SUPPLIED RECORDS: Begin

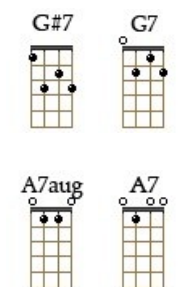

Un soir de pluie - Blues Trottoir

Dm9 (5500) % % %
 Un soir de pluie et de brou-illard,
Dm9 % **Bb7M** (3210) %
 Quelques ta-xis passent sans me voir.
Gm7 % **Cm6** **D7**
 Une insom-nie qui tourne au cauch___' - mar.
Gm7 % **Cm6** **D7**
 J'n'ai qu'une en-vie, Rentrer pas trop___ tard
Fm7 (1313) **Fm6** (1213) **Cm(7)** **Eb**
 D'toutes fa-çons, Je n' vou-lais pas sor-tir
Ebdim (2323) **G#7** (1323) **G7** **A7aug** \ \ ...
 Et ce soir, j'avais le blues Sur le trottoir.

Dm9 (5500) % % %
 Un genre gang-ster vient m'accos-ter,
Dm9 % **Bb7M** (3210) %
 Joue le mys-tère pour m'épa-ter.
Gm7 % **Cm6** **D7**
 Là sous la pluie, il veut ba-var___ - der.
Gm7 % **Cm6** **D7**
 Ses p'tits en-nuis Me donnent la nau___ - sée
Fm7 (1313) **Fm6** (1213) **Cm(7)** **Eb**
 D'toutes fa-çons Moi, c'que j'veux, c'est dor-mir
Ebdim **G#7** **G7** **A7aug**
 Et ce soir, j'avais le blues Sur le trottoir

Instrumental : **Cm** % **Eb** % **D7** % **Fm6** **G7**
Cm % **Eb** % **D7** % **Fm6** **G7**
A7aug **A7...**

Dm9 (5500) % % %
 L'aube abi-mée arrive en-fin,
Dm9 % **Bb7M** (3210) %
 Grise et gor-gée de pari-siens
Gm7 % **Cm6** **D7**
 Mais moi, j'm'en fous: J'rejoins mon dé___ - cor.
Gm7 % **Cm6** **D7**
 Y courent par-tout, Toujours et en___ - core.
Fm7 (1313) **Fm6** (1213) **Cm(7)** **Eb**
 D'toutes fa-çons, Je n' vou-lais pas sor-tir
Ebdim **G#7** **G7** **A7aug** \ \ ...
 Et ce soir, j'avais le blues Sur le trottoir

SUPPLIED RECORDS: End

### PROBLEM DETAILS
Pictures are to be left out; the records above must be repeated word for word.

### RESPONSE FOR THIS EXERCISE
Un soir de pluie - Blues Trottoir

Dm9 (5500) % % %
 Un soir de pluie et de brou-illard,
Dm9 % **Bb7M** (3210) %
 Quelques ta-xis passent sans me voir.
Gm7 % **Cm6** **D7**
 Une insom-nie qui tourne au cauch___' - mar.
Gm7 % **Cm6** **D7**
 J'n'ai qu'une en-vie, Rentrer pas trop___ tard
Fm7 (1313) **Fm6** (1213) **Cm(7)** **Eb**
 D'toutes fa-çons, Je n' vou-lais pas sor-tir
Ebdim (2323) **G#7** (1323) **G7** **A7aug** \ \ ...
 Et ce soir, j'avais le blues Sur le trottoir.

Dm9 (5500) % % %
 Un genre gang-ster vient m'accos-ter,
Dm9 % **Bb7M** (3210) %
 Joue le mys-tère pour m'épa-ter.
Gm7 % **Cm6** **D7**
 Là sous la pluie, il veut ba-var___ - der.
Gm7 % **Cm6** **D7**
 Ses p'tits en-nuis Me donnent la nau___ - sée
Fm7 (1313) **Fm6** (1213) **Cm(7)** **Eb**
 D'toutes fa-çons Moi, c'que j'veux, c'est dor-mir
Ebdim **G#7** **G7** **A7aug**
 Et ce soir, j'avais le blues Sur le trottoir

Instrumental : **Cm** % **Eb** % **D7** % **Fm6** **G7**
Cm % **Eb** % **D7** % **Fm6** **G7**
A7aug **A7...**

Dm9 (5500) % % %
 L'aube abi-mée arrive en-fin,
Dm9 % **Bb7M** (3210) %
 Grise et gor-gée de pari-siens
Gm7 % **Cm6** **D7**
 Mais moi, j'm'en fous: J'rejoins mon dé___ - cor.
Gm7 % **Cm6** **D7**
 Y courent par-tout, Toujours et en___ - core.
Fm7 (1313) **Fm6** (1213) **Cm(7)** **Eb**
 D'toutes fa-çons, Je n' vou-lais pas sor-tir
Ebdim **G#7** **G7** **A7aug** \ \ ...
 Et ce soir, j'avais le blues Sur le trottoir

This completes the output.